Most people are enamored with the internet, and the ability we have to connect to limitless data and each other. The benefit is so great, in fact, that most people are also willing to accept the risk that comes with joining a network of five billion devices (expected to reach 20 billion by 2020). Each device has the capability to connect to another for any purpose intended by its user – good or evil. So even if only one percent were controlled by someone with malicious intent, 50 million devices would be in the hands of criminals.
Let’s explore why an evildoer would want to get control over millions of devices. This landscape has changed over the years, but today it’s about financial gain. An assailant’s ability to control scads of devices capable of executing code gives him an enormous amount of processing power – which can then be used to dismantle security measures, disable companies, and ultimately steal information. For which he gets a pretty penny on the black market.

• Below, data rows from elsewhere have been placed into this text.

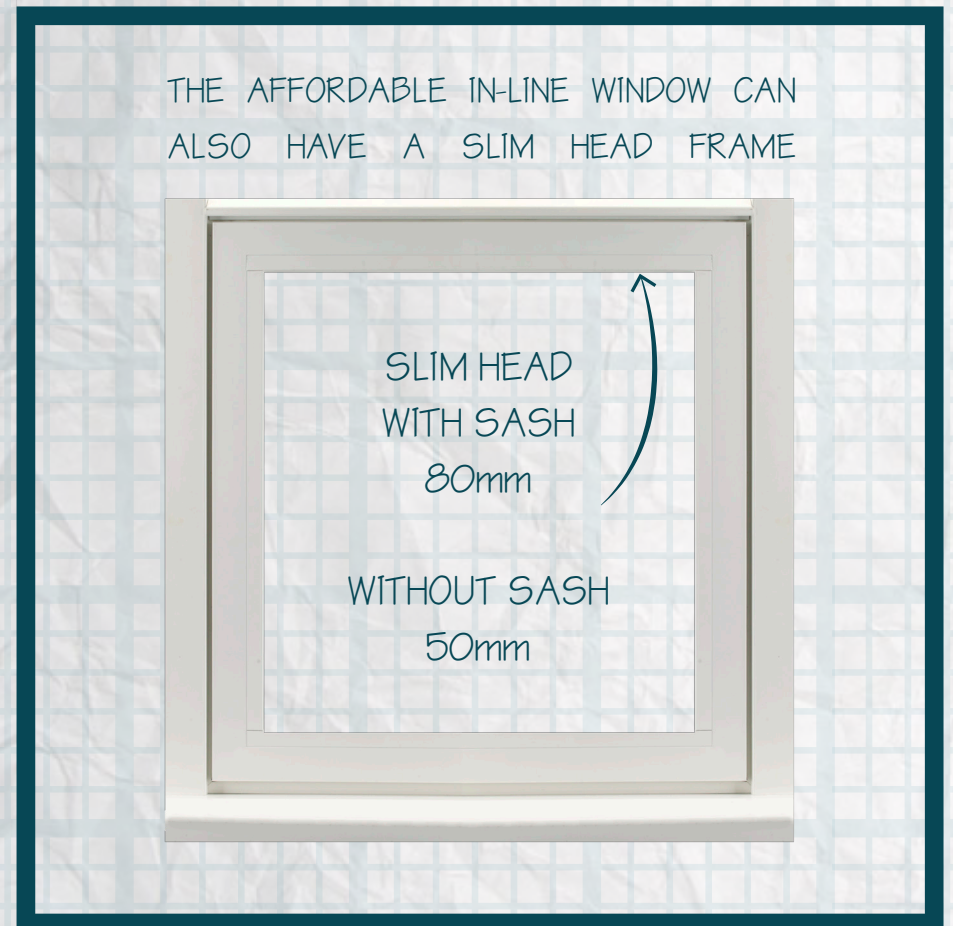

allstyle
WINDOWS & DOORS

THE PATENTED
70MM IN-LINE
ALUMINIUM
WINDOW
SYSTEM
COMPLEMENTS
THE ELEGANT
DESIGNS
FOUND IN
ALUMINIUM
BI-FOLD &
PATIO DOORS

THE allstyle

IN-LINE ALUMINIUM WINDOW

THE ALLSTYLE IN-LINE WINDOW REPLICATES THE FLUSH FINISH DESIGN USED IN TOP END TIMBER WINDOWS, WITH THE ADDED ADVANTAGE OF HAVING THE MULLIONS CONCEALED, REDUCING THE SIGHT LINE CONSIDERABLY.

THE PERFECT REPLACEMENT FOR TIMBER WINDOWS

BETTER LOOKING BY DESIGN

THE ALLSTYLE DESIGN WORKS EQUALLY WELL WITHOUT USING EQUAL SIGHT LINES (DUMMY SASHES) BECAUSE THE OUTER FRAME IS IN LINE WITH THE SASH AND WHEN EQUAL GLASS WIDTH IS SPECIFIED THE RESULT IS A SYMMETRICAL WINDOW DESIGN WITH SLIM SIGHT LINES.

ALUMINIUM POWDER COATING IS AVAILABLE IN OVER 200 RAL COLOURS PRODUCING A LOW MAINTENANCE, LONG LASTING, HIGH QUALITY FINISH NOT MATCHED BY ANY OTHER MATERIAL.

THE ALLSTYLE IN-LINE ALUMINIUM WINDOW IS AVAILABLE WITH A 50MM SLIM HEAD OR A 75MM PROJECTING DRIP HEAD WITH CONCEALED VENTILATION, IF REQUIRED, AVOIDING THE NEED FOR UNSIGHTLY EXTERNAL TRICKLE VENT CANOPY HOODS, WHICH NOT ONLY SPOIL THE LOOK OF THE WINDOW BUT DETRACT FROM THE APPEARANCE OF THE PROPERTY.
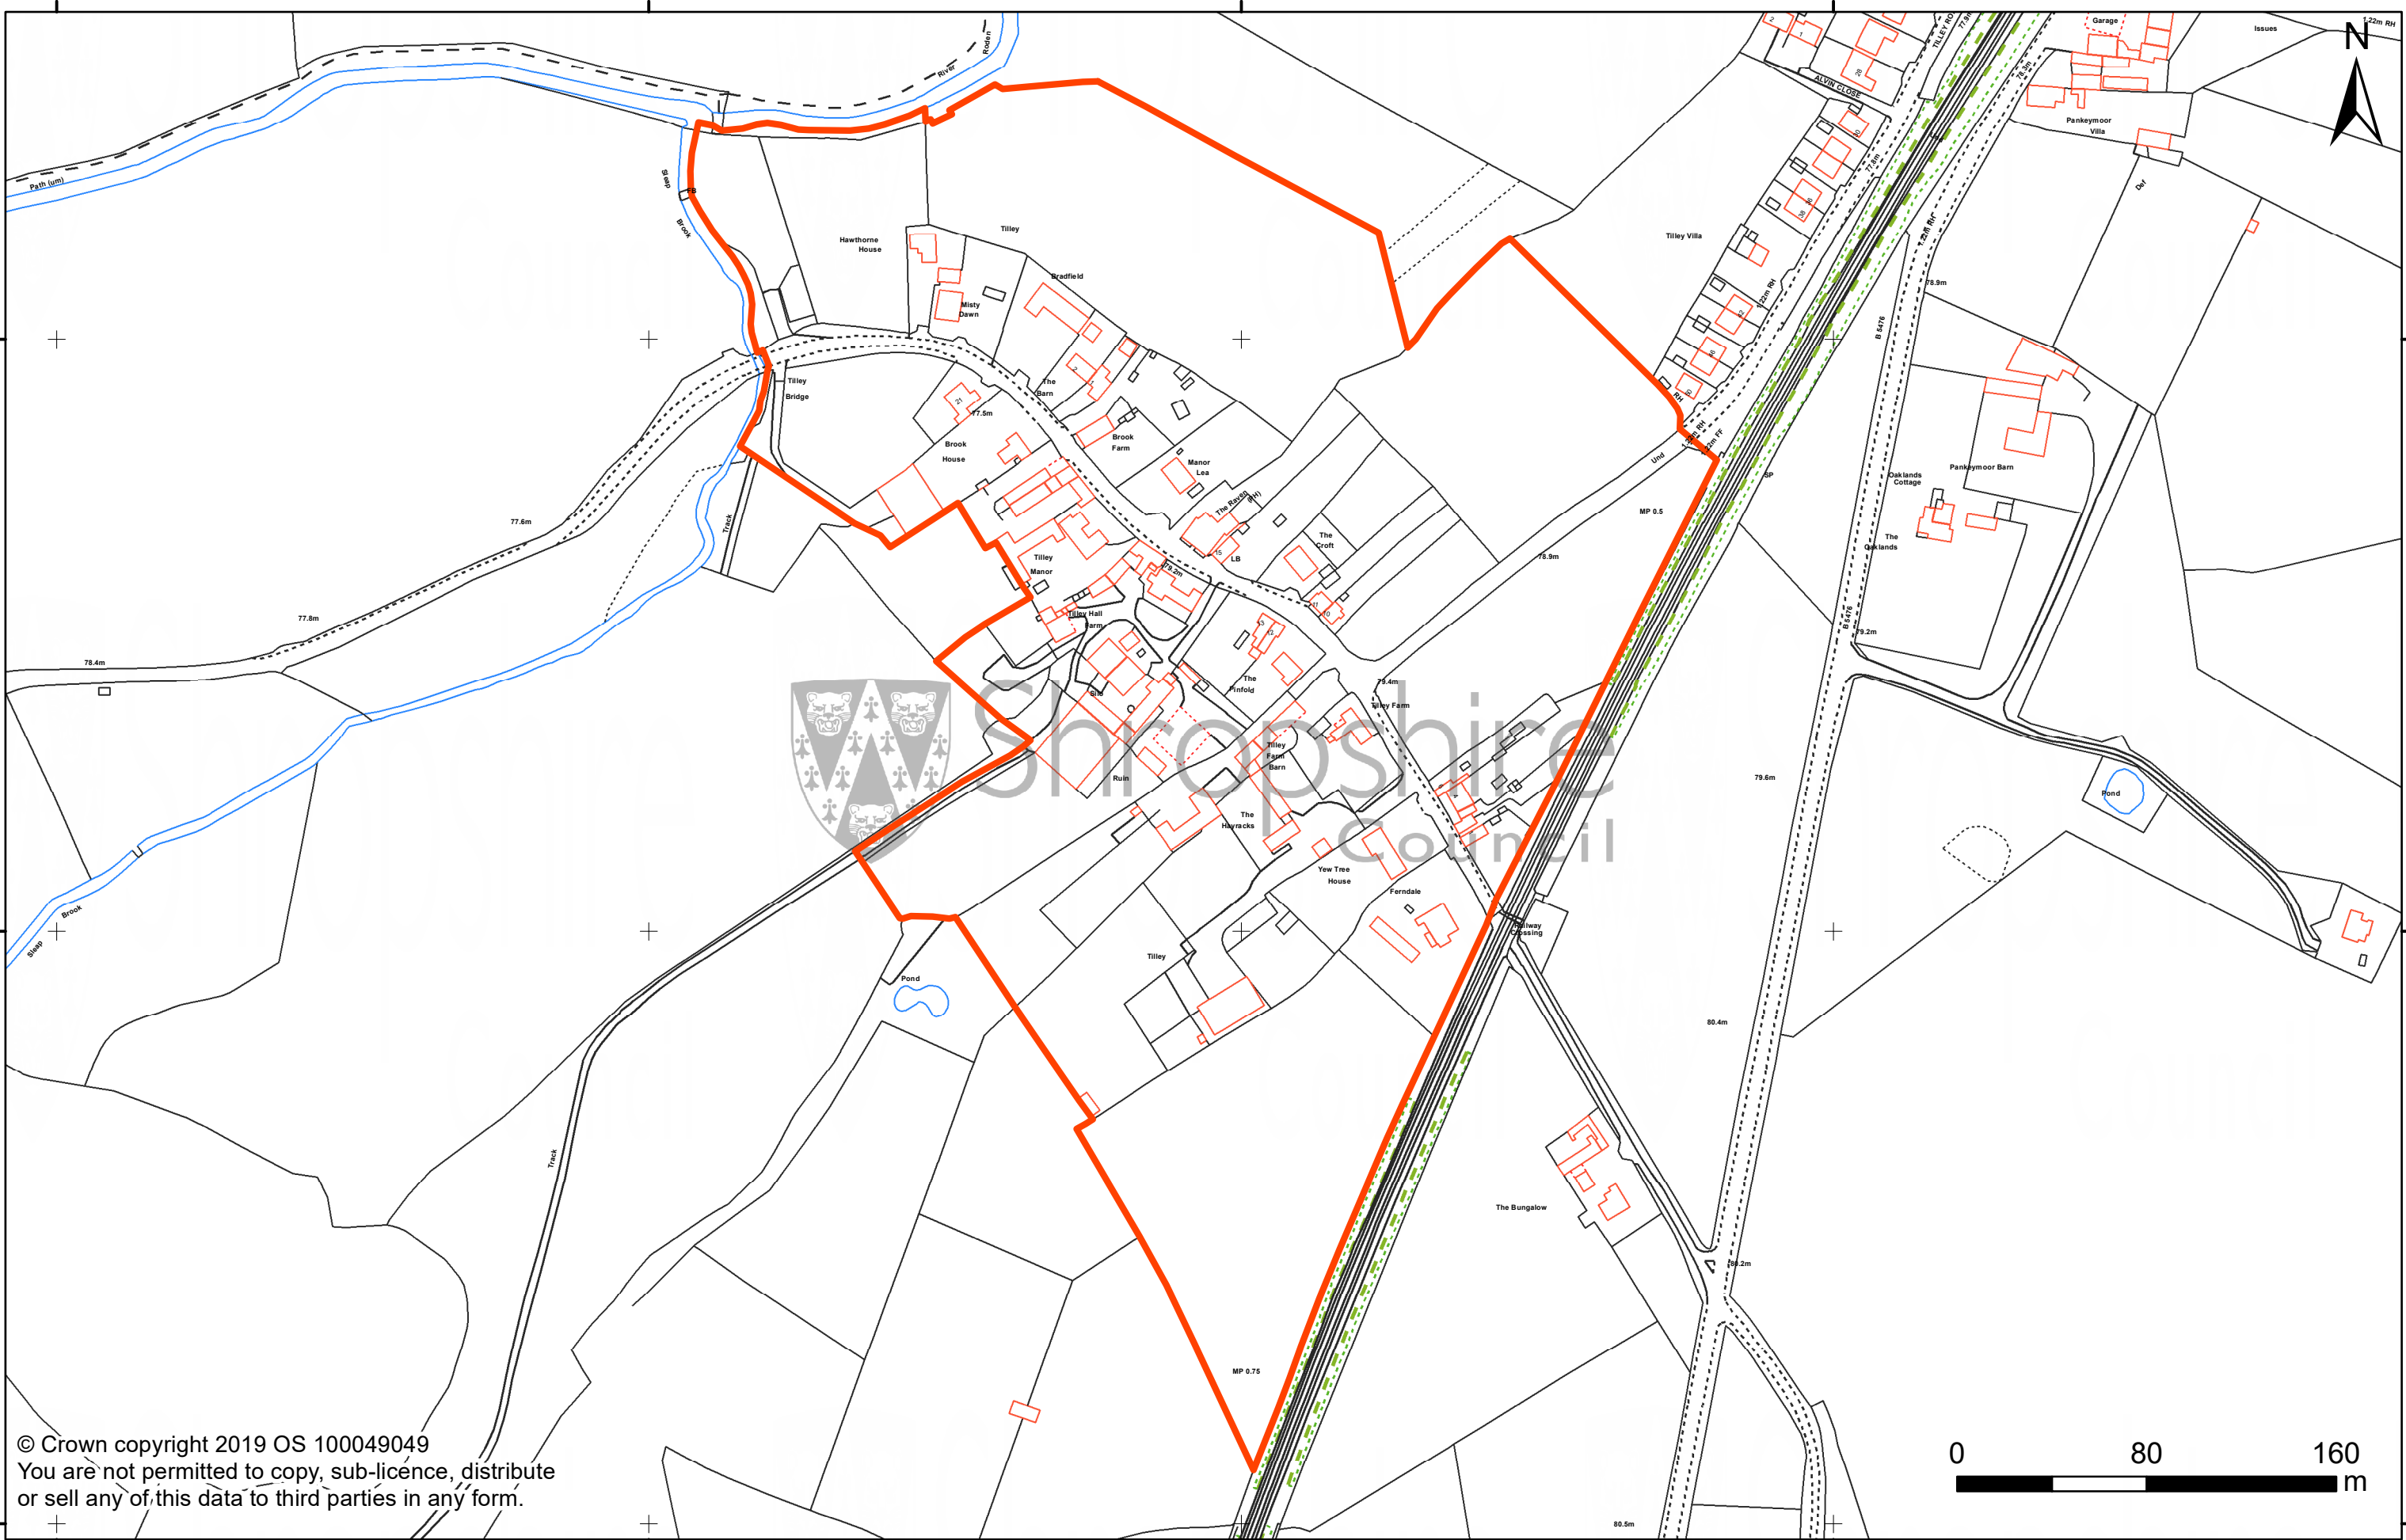

350250 000000

350500 000000

350750 000000

351000 000000

© Crown copyright 2019 OS 100049049
 You are not permitted to copy, sub-licence, distribute
 or sell any of this data to third parties in any form.

350250 000000

350500 000000

350750 000000

351000 000000

TILLEY CONSERVATION AREA
 Designated: 01/05/2019

Historic Environment Team
 Development Services
 The Shirehall, Abbey Foregate
 Shrewsbury, Shropshire, SY2 6ND
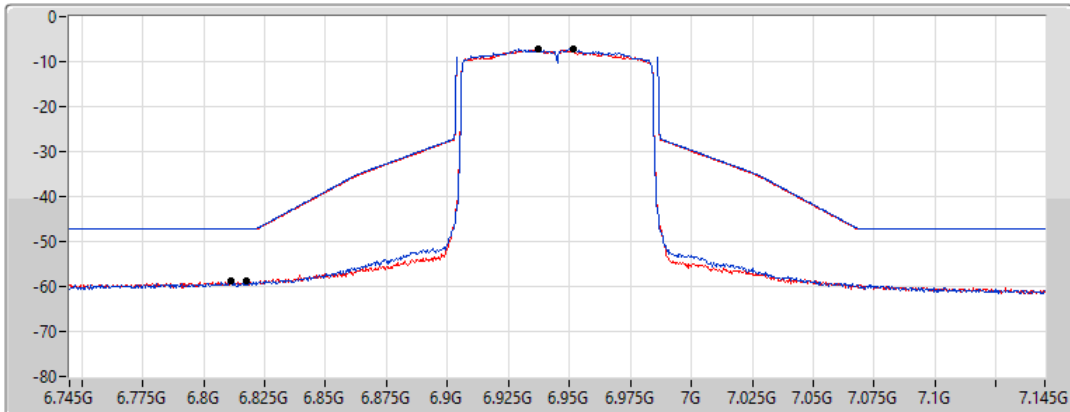

01/09/2021

CF Freq
6.945GHz

Span
400MHz

RBW
1MHz

VBW
3MHz

Sweep Time
20ms

Detector Type
RMS

Port 1 
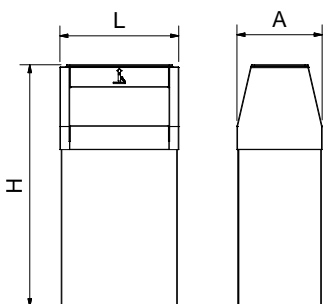

Caractéristiques:

Deux utilisations, même espace. Entièrement en acier inoxydable. Il est possible son utilisation à l'extérieur. Avec un récipient GN 1/3 - 65 mm profondeur. Détachable pour la vidange et le nettoyage. Il peut être lavé dans le lave-vaisselle. Corbeille à papier munie des anneaux pour mettre les sacs à l'intérieur facilement.
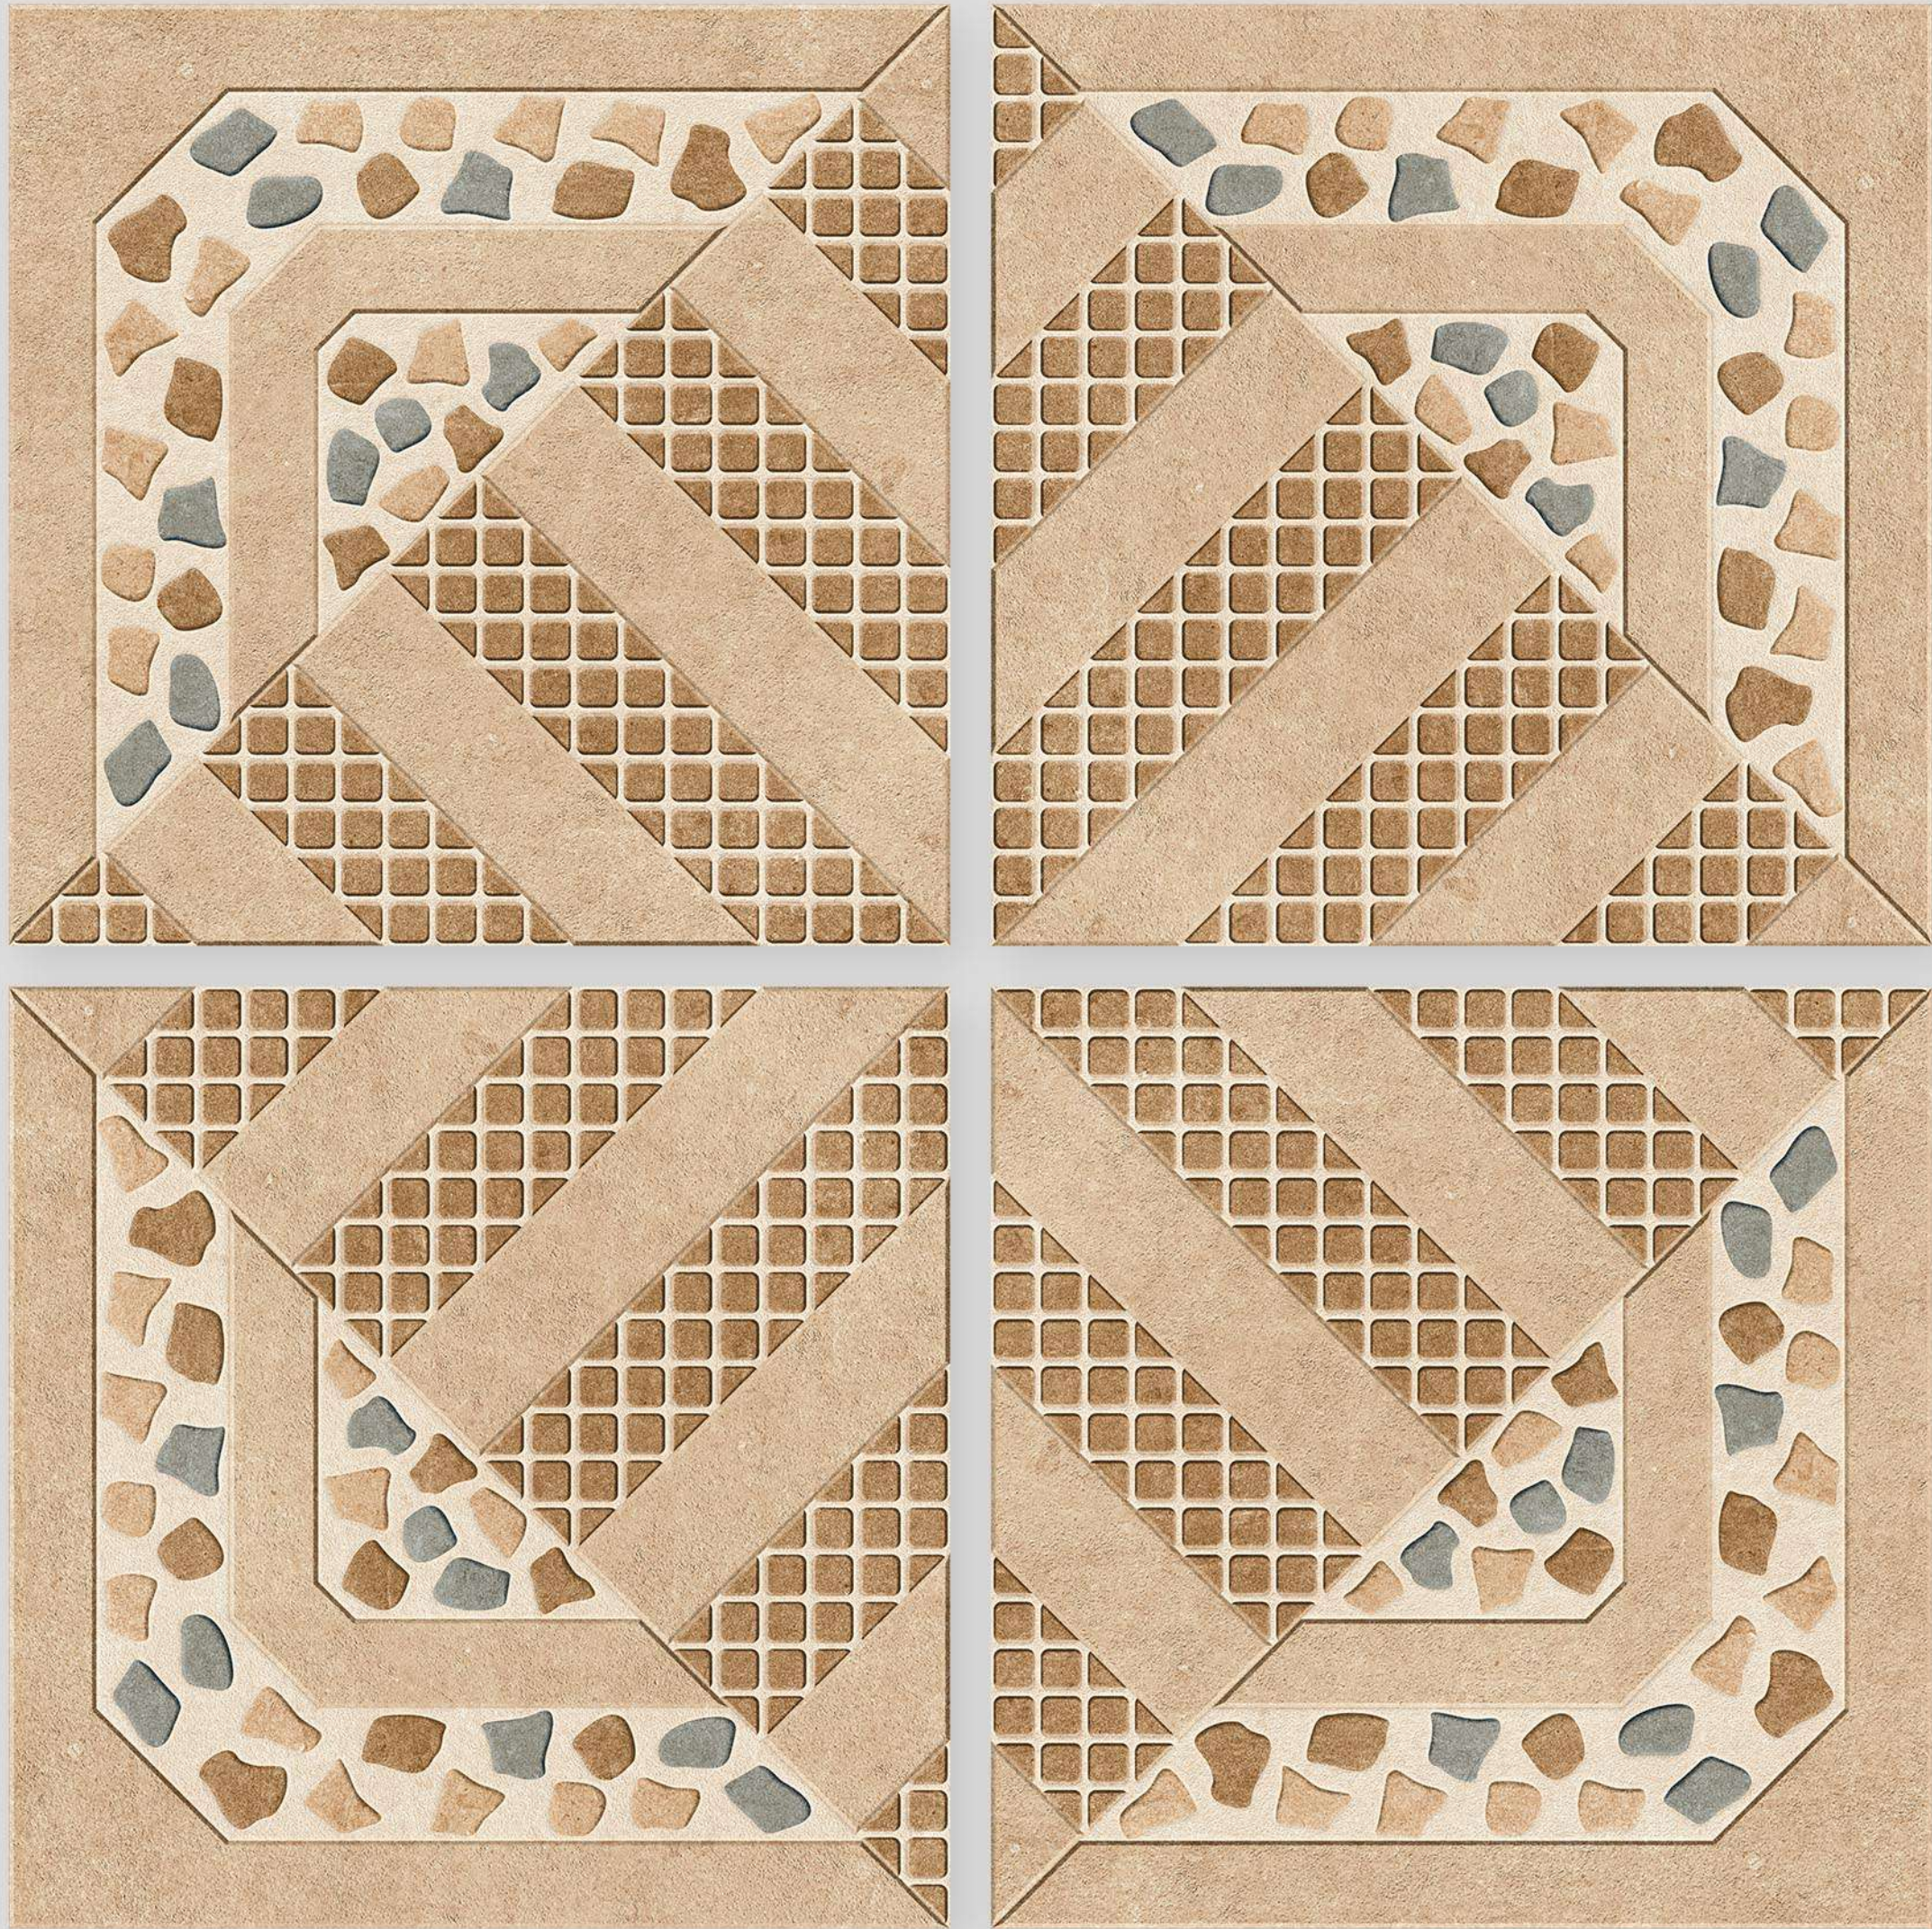

Series
TOPAZ

TOPAZ 8

Applicable On
Wall & Floor

HD
Clarity

Random
Design

Zero
Maintenance

Eco
Friendly

Size
500x
500mm

Some attacks are strategically targeted, such as the one executed on Target stores in late 2013. This attack, according to Reuters, left 40 million customers’ credit card numbers exposed. It was precise, too, hitting the 19 busiest shopping days of the holiday season. More recently, cyber criminals have upped their game, attacking smaller companies by encrypting and holding their data for ransom- a class of attack generically called “ransomware”. If the victim doesn’t pay for a decryption key within a given time, the key is deleted and the data will never be decrypted. Most are left with no choice but to pay. What’s worse, these cyber-thugs are selling the code, proliferating this sort of attack on a grander scale.
There are many levels of protection that will be discussed in future blogs, but, surprisingly, the most effective single thing you can do is actually very basic: Stay current with your applications and operating systems. As companies such as Microsoft, Apple or Google release software, vulnerabilities become exposed. That’s normal, and they ultimately are addressed by the vendor via software updates called patches, services packs and new releases. But, of course, not everyone upgrades and that leaves many devices with easily exploited vulnerabilities. You don’t need to have the most secure system in the world, just more secure than the laggards, because they’ll be targeted first. PCs running Windows XP are targeted because they are easier to exploit than PCs running Windows 8.1. The same goes for your mobile OS. If you are running an older version of Android or iOS on your phone or tablet, you are the easy target compared to ones running the latest releases.
We all want to get a few extra miles out of our technology, but your risk increases exponentially as everyone around you upgrades. Running an old and un-patched OS on any device leaves you exposed. Much like a wounded zebra falling behind when their herd is being pursued by lions, you are more likely to fall victim to an attack. So stay current and enjoy a little more peace of mind.